[[ GIVEN RECORDS, beginning ]]

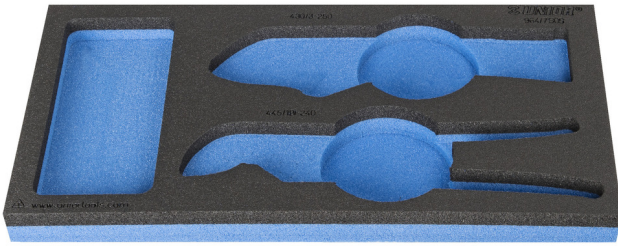

SOS tool tray for 964/7SOS

vI964/7SOS

Profiles

Product features

- material: low density polyethylene foam
- Tool tray dimension: 188 x 364 x 30 mm
- Compatible with drawers of Eurostyle, Eurovision, Euromotion, Europlus and Hercules (front drawers) line

620890

L

188

B

364

H

30

42

* Images of products are symbolic. All dimensions are in mm, and weight in grams. All listed dimensions may vary in tolerance.

[[ GIVEN RECORDS, end ]]

INSTRUCTIONS TO FOLLOW: An exact copy of every record above is needed, with all pictures left out.

TASK ANSWER:
SOS tool tray for 964/7SOS

vI964/7SOS

Profiles

Product features

- material: low density polyethylene foam
- Tool tray dimension: 188 x 364 x 30 mm
- Compatible with drawers of Eurostyle, Eurovision, Euromotion, Europlus and Hercules (front drawers) line

620890

L

188

B

364

H

30

42

* Images of products are symbolic. All dimensions are in mm, and weight in grams. All listed dimensions may vary in tolerance.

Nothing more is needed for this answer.